Occasionally I would say things that sound gay as hell, and it's always around this guy. I eyed him. "When are you going to tell me everything that you remembered? Like, do you remember the accident?"
He shook his head, "not yet but bits and pieces are coming to me. "
I sat on my bed, "I remember nearly every day I spent in the university, my band crew."
"You have a band crew?"
I nodded. They were just five guys, including me. They haven't been to visit but I don't think anyone informed them. Anyway, I don't want them to come, they are noisy as hell and putting up with them is a day's job.
"I don't remember that."
"What about your friends?"
"I remember... Pond," he said and his face brightened a bit. It caused me to smile and give him thumbs up. But the brightness faded to zero almost immediately, wasting my thumbs up sign.

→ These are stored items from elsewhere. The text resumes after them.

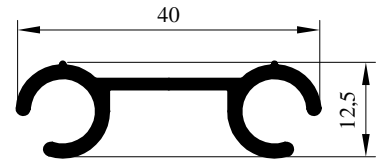

serie

TELONI

Tarpaulins

Planen

Baches

Mod. P 2476 - GR/ML 200

Mod. P 4196 - GR/ML 352

Mod. P 2324 - GR/ML 285
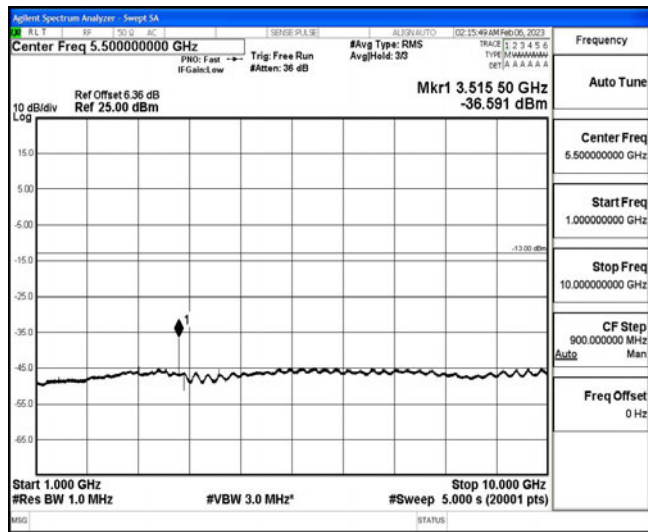

Band12-10MHz-QPSK-23095-1RB#0-Range4:1000~10000MHz

"What are we going to do about the other thing?" he asked.
"The other thing?"
He gestured impatiently between us and I sat up straight. I was hoping he wouldn't mention that.
"Nothing, I mean it's not like we can continue dating. You don't remember what happened and how we started dating anyway," I hastily wanted to erase the thought from his head.
"I know but,"
"No buts, it's cool even if we don't remember."
"Are you sure, Noh?"
The question made me freeze in place. That's the same as saying that he wants to remember, that he wants to get back together.
"Why are you asking? Don't tell me you like the idea of dating me."
He didn't immediately answer making me to sweat from the back of my neck.
"I can't remember why I broke up with Aim, I love her. If I broke up with her for you then yeah," he lifted his eyes and looked at me, "I want to know why"
No way! So to know why you want us to start dating afresh? No, I don't like guys! I'm a fan of girls to the end! How can I explain this to Phun without sounding like a jerk? I mean if we dated for three whole years then I should also want to know too, why I would date Phun, a guy that I don't remember spending much time around back in school.